Check if the disk and CPU of TiKV are busy.

translator_bot · June 22, 2024, 11:59am

| username: 张小凉1 | Original post link

Low utilization

translator_bot · June 22, 2024, 11:59am

| username: h5n1 | Original post link

Check the TiKV detail – raft propose – apply monitoring latency.

translator_bot · June 22, 2024, 11:59am

| username: 张小凉1 | Original post link

The image you provided is not accessible.
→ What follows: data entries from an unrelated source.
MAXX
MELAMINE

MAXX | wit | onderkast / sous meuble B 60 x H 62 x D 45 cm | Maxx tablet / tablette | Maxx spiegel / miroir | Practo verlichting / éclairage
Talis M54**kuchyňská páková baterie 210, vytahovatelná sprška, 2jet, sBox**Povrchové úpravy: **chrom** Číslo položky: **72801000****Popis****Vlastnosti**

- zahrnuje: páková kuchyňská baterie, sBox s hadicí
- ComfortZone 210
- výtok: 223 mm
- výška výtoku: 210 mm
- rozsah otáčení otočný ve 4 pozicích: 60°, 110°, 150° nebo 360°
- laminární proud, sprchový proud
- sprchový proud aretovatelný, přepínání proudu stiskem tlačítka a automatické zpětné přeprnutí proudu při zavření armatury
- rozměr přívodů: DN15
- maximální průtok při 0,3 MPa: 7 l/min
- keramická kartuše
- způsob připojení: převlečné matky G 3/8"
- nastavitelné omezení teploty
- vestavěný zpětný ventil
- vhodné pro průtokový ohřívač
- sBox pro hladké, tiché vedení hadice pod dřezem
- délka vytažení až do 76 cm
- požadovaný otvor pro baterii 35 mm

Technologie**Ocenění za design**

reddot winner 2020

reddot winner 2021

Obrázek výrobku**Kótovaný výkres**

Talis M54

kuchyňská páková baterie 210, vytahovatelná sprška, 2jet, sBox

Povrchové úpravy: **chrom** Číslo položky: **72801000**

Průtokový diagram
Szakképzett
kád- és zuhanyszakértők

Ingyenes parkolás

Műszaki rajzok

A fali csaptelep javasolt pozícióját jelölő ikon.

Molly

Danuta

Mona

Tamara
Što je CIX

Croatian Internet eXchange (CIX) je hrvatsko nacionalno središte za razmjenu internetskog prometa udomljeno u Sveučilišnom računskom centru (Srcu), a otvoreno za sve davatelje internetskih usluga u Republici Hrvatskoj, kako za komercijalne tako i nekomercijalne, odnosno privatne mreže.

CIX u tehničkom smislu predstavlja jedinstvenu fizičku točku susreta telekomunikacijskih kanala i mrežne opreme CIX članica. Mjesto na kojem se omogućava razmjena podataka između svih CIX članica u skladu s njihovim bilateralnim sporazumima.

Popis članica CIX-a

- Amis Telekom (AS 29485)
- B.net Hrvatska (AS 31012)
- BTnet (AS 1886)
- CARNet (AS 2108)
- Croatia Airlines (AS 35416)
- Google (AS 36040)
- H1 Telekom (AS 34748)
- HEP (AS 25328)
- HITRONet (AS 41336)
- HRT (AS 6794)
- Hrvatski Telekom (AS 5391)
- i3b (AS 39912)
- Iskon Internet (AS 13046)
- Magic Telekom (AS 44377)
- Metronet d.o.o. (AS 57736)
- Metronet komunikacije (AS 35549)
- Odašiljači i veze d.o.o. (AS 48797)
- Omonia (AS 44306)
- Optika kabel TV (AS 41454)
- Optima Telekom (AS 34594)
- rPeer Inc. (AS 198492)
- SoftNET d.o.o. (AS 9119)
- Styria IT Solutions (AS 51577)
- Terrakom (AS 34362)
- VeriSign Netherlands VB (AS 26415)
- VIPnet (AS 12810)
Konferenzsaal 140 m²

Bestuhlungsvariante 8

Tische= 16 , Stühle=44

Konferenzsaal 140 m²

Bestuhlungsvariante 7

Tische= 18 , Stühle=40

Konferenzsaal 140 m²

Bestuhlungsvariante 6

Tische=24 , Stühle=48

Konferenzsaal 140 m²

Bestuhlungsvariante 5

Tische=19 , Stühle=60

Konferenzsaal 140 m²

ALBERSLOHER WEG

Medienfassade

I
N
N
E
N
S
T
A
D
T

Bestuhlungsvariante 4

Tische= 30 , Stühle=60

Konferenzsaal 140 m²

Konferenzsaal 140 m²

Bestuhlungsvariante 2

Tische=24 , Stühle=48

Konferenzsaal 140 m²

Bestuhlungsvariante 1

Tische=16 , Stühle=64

Please provide the text content that needs to be translated.

translator_bot · June 22, 2024, 11:59am

| username: TiDBer_pkQ5q1l0 | Original post link

Is there a timeout error reported for PD scheduling?

translator_bot · June 22, 2024, 11:59am

| username: 裤衩儿飞上天 | Original post link

Please upload the log information of PD and TiKV, let’s troubleshoot.
When providing monitoring data, it’s best to provide it for the same time period as the issue.

translator_bot · June 22, 2024, 11:59am

| username: h5n1 | Original post link

Can you take a screenshot of the miss-region monitoring, from before the issue occurred to now?